Time trials have been a prominent feature at this year's Giro d'Italia, with over 70km of road designated for the race against the clock. Remco Evenepoel from Soudal - Quick-Step was widely favored to win the time trials before the Grand Tour began, and he proved predictions right by emerging victorious in both the opening time trial and the 35km TT on stage nine. He took control of the maglia rosa after that stage and seemed to have a chance of winning the third and final time trial and the race overall, until he tested positive for Covid and had to withdraw from the race.
However, the Giro is not solely about time trials. The route capitalises on Italy's most iconic mountain ranges, setting the stage for grueling days of climbing. With two essential elements needed for success in the Italian Grand Tour, how do teams approach fueling for each stage? And how does the fueling strategy differ for time trials?
Maaike Polspoel, the Soudal-Quick-Step performance nutritionist and sports dietitian, provides Rouleur with insights into the team's fueling strategy.
Getting ahead of the game
Three weeks is a long time, and having to ride over 3,000km during those three weeks requires a lot of energy – energy that only the world’s top cyclists understand. Ensuring that on a day-to-day basis riders have enough fuel to sustain such energy isn’t just a quick bowl of pasta before making their way to the start line, strategic planning goes into each day by the team’s nutritionists, and Polspoel says getting ahead of the game is key to success.
“Our fuelling strategy for both time trials and longer stages actually starts a few days in advance. We always look at previous stages to check how well fuelled the riders are and if they’re recovering well. If they recover well, when they come to the time trial, they’ll know that they are ready to put the power down,” Maaike says.

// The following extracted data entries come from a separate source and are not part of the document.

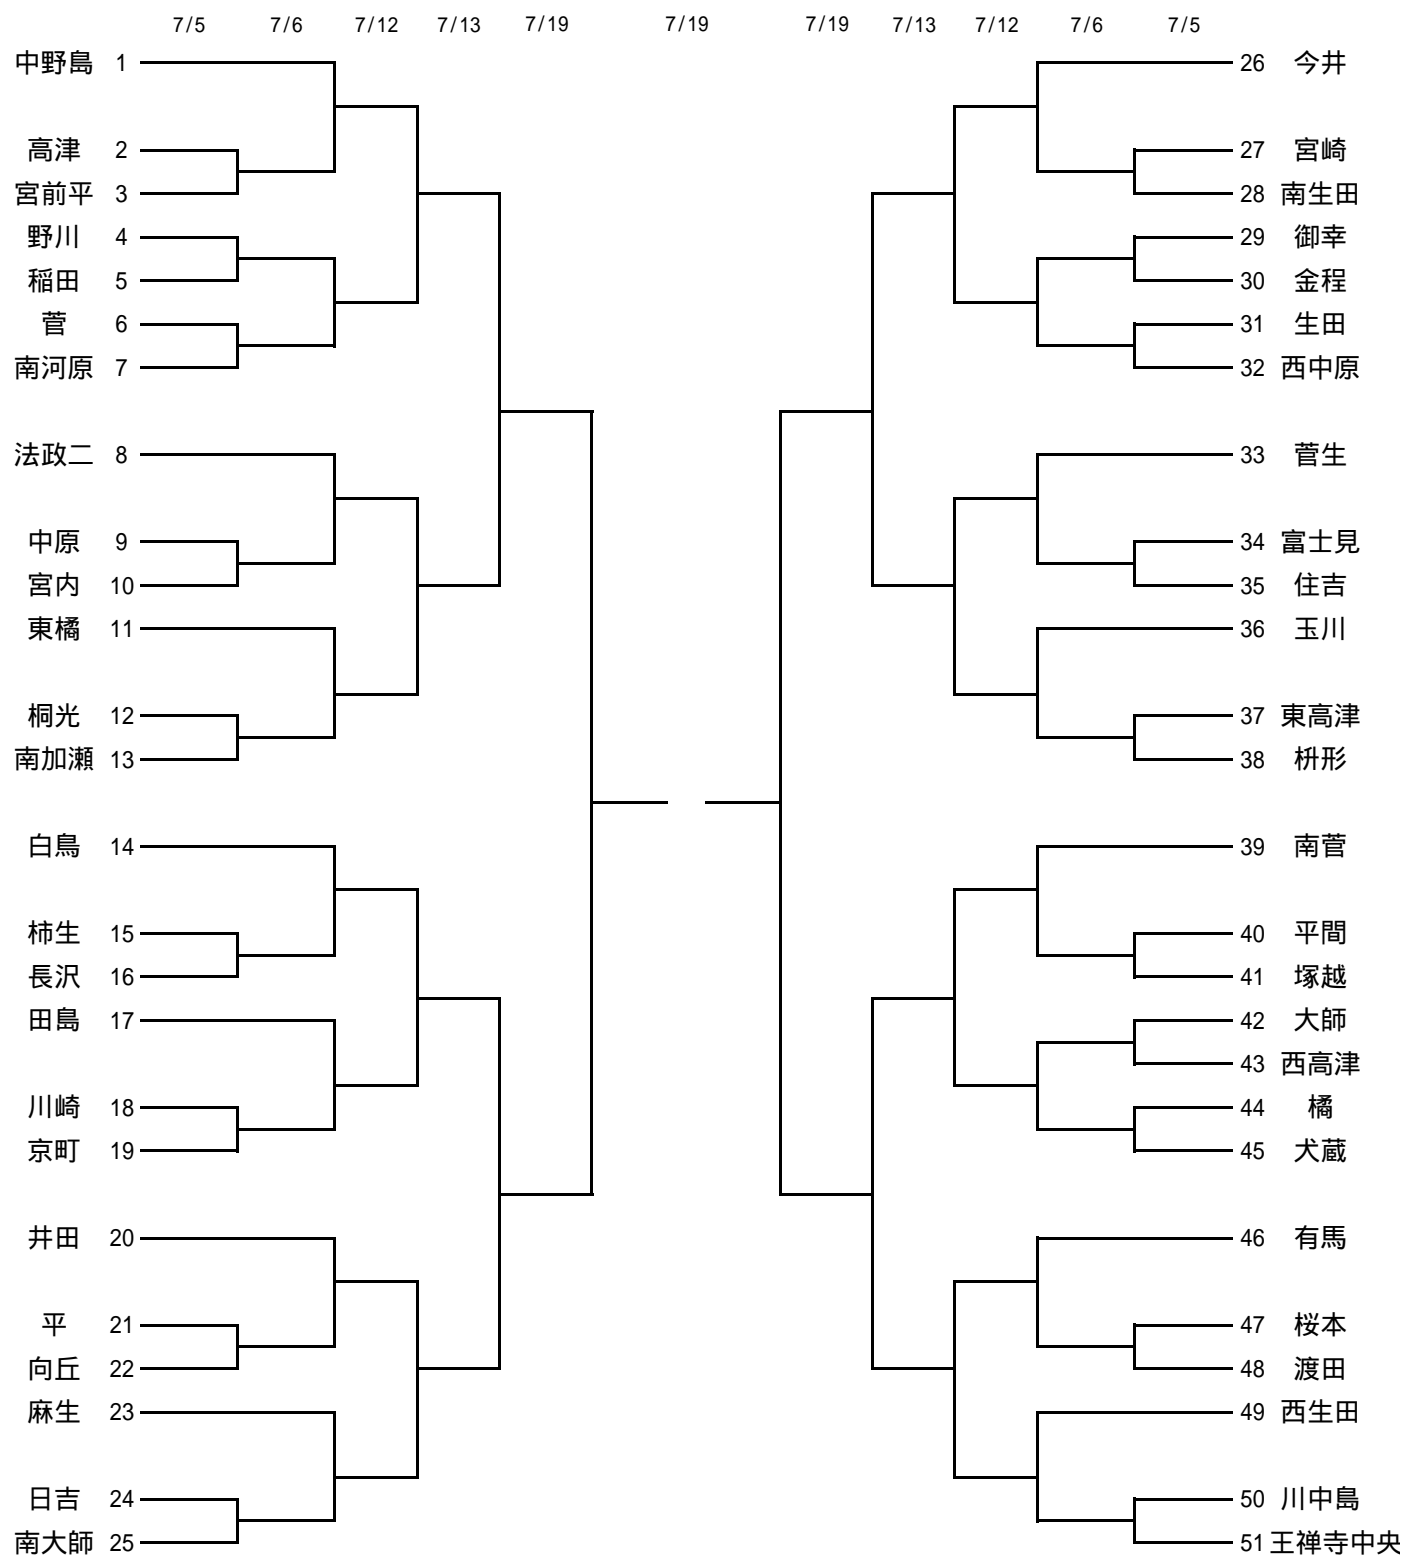

神奈川県中学校総合体育大会 川崎ブロック大会

《バスケットボール 男子の部》

の箇所が、訂正になっています。

7月5日 川崎中学校 A コート主任 小暮(川崎) 審判主任

No	性	時刻	対戦	T.O	審判
1	f	9:00	高津 - 洗足	京町f	
2	f	10:20	川崎 - 稲田	1勝	
3	f	11:40	桐光 - 京町	2勝	
4	m	13:00	野川 - 稲田	桐光	
5	m	14:20	川崎 - 京町	4勝	
6	m	15:40	川中島 - 王禅寺中央	5勝	

救護：駒田(京町)

7月5日 南河原中学校 B コート主任 北島(南河原) 審判主任

No	性	時刻	対戦	T.O	審判
1	f	9:00	塚越 - 南河原	南大師	
2	f	10:20	南菅 - 宮前平	1勝	
3	f	11:40	南大師 - カリタス	2勝	
4	m	13:00	平 - 向丘	カリタス	
5	m	14:20	菅 - 南河原	4勝	
6	m	15:40	高津 - 宮前平	5勝	

救護：中本(塚越)

7月5日 平間中学校 C コート主任 平島(平間) 審判主任

No	性	時刻	対戦	T.O	審判
1	f	9:00	大師 - 川中島	西生田	
2	f	10:20	長沢 - 犬蔵	1勝	
3	f	11:40	西生田 - 白鳥	2勝	
4	m	13:00	平間 - 塚越	白鳥	
5	m	14:20	橘 - 犬蔵	4勝	

救護：井上(大師)

7月5日 玉川中学校 D コート主任 俵(玉川) 審判主任

No	性	時刻	対戦	T.O	審判
1	f	9:00	日女大 - 宮崎	野川	
2	f	10:20	玉川 - 枅形	1勝	
3	f	11:40	野川 - 南生田	2勝	
4	m	13:00	桐光 - 南加瀬	南生田	
5	m	14:20	柿生 - 長沢	4勝	

救護：松田(南生田)

7月5日 住吉中学校 E コート主任 小林(住吉) 審判主任

No	性	時刻	対戦	T.O	審判
1	f	9:00	南加瀬 - 今井	東高津m	
2	f	10:20	富士見 - 東高津	1勝	
3	m	11:40	東高津 - 枅形	2勝	
4	m	13:00	富士見 - 住吉	枅形	
5	m	14:20	宮崎 - 南生田	4勝	

救護：吉原(住吉)

7月5日 宮内中学校 F コート主任 村山(宮内) 審判主任

No	性	時刻	対戦	T.O	審判
1	f	9:00	東橘 - 中原	西中原f	
2	f	10:20	渡田 - 菅生	1勝	
3	f	11:40	生田 - 西中原	2勝	
4	m	13:00	桜本 - 渡田	生田f	
5	m	14:20	中原 - 宮内	4勝	
6	m	15:40	生田 - 西中原	5勝	

救護：津藤(渡田)

Evenepoel wearing the red leaders jersey before the time trial at the Vuelta in 2022
“The evening before a time trial in a stage race, our riders will eat everything we need them to. This will normally be pasta with some protein, with the pasta being the carbohydrates that they’ll need for energy the next day. We try to make really nice dinners for the riders because if you are in a long stage race, by the end of it, you're really tired of eating the same stuff.
“We actually have a special catering service called Cotton Kitchen, and they make sure that the food looks really appealing for the riders and therefore nicer for them to eat. We also make the calculations of what energy they’ll need for the next day by looking at what the riders did the day before.”
Breakfast of champions
Most people have been taught that breakfast is one of the most important meals of the day, but it is especially important when you are facing a gruelling day in the saddle. With most stages starting around midday and a time trial being a super hard effort in a short amount of time, nobody wants to see what you just ate mid-way through your TT, so how does the rider’s first meal of the day alter when they’re facing this kind of intense effort?
Jersey pockets are always great snack holders
“With a time trial breakfast is less important, instead we focus more on a pre-race meal which the riders will have a few hours beforehand,” Maaike said. “This will be a little bit of rice or pasta, with few vegetables to make sure there is little fibre. Before the time trial, when the riders are warming up, they’ll then take on some extra fuel.
“We have a sports nutrition sponsor called 6D, and they make sure we have everything we need for optimal fuelling. So right before the time trial, riders will have an isotonic sports drink for hydration and a gel that contains a certain amount of carbs that are easily digestible to give them that extra boost.
“Before a mountain stage, breakfast is much more important because that is the pre-race meal. Rice pudding is popular amongst the team because that is something they don’t often make at home. That is definitely one of their favourite things to eat for breakfast, alongside pancakes. If you want a few extra brownie points from the riders, pancakes will do the trick.”
Eating on the job
Fuelling is a full-time undertaking and in order to sustain the rider’s energy levels, they need to ensure they have enough food and drink on them to keep levels high. Polspoel mentioned that she always needs to remind the riders on the team to keep eating and drinking, otherwise they’ll be too focused on the riding itself and forget – leaving them to completely empty the tank.
Teams like Soudal - Quick-Step luckily have sponsors who supply gels, bars, nougat and energy cakes. That is what's inside those musette bags we see being passed around the peloton.
“On mountain stages we tend to use these products as they give the riders great variation, and we do this in addition to isotonic fueling because hydration is really important. For time trials this is different as riders do not fuel during the race, only before.”
Fuelling during a long stage is vital for keeping a rider's energy levels up
However, TTs aren’t all the same and in this year’s Giro there is a variation. For example, stage nine was 35km in length with little to no elevation. Whereas stage 20 is shorter in length but has a steep 7km climb at the end. Would fuelling change in this situation?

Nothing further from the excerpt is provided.